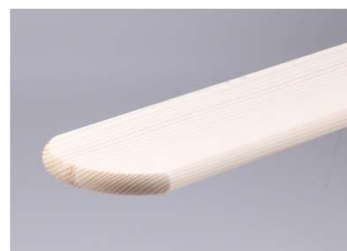

CENÍK PLOTOVEK

SMRKOVÉ PLOTOVKY ZAOBLENÉ

TLOUŠŤKA(mm)	ŠÍŘKA(mm)	DÉLKA(mm)	ena Kč/ksBez DPH	ena Kč/ksDPH
18	88	600	30	36,30
		800	38	45,98
		970	43	52,03
		1 200	48	58,08
		1 500	59	71,39
		1 800	73	88,33

MODŘÍNOVÉ PLOTOVKY ZAOBLENÉ

SÍLA(mm)	ŠÍŘKA(mm)	DÉLKA(mm)	ena Kč/ksBez DPH	ena Kč/ksDPH
18	88	1 000	49,0	59,29
		1 200	55,0	66,55
		1 500	70,0	84,70
		1 800	88,0	106,48

OLŠOVÉ PLOTOVKY ZAOBLENÉ

SÍLA(mm)	ŠÍŘKA(mm)	DÉLKA(mm)	ena Kč/ksBez DPH	ena Kč/ksDPH
20	86	1 000	58,0	70,18
		1 200	70,0	84,70
		1 500	88,0	106,48

-.-.-

Copy every line of the material above in which the string "ZAOBLENÉ" can be found.

→ **EXERCISE RESULT**
SMRKOVÉ PLOTOVKY ZAOBLENÉ
MODŘÍNOVÉ PLOTOVKY ZAOBLENÉ
OLŠOVÉ PLOTOVKY ZAOBLENÉ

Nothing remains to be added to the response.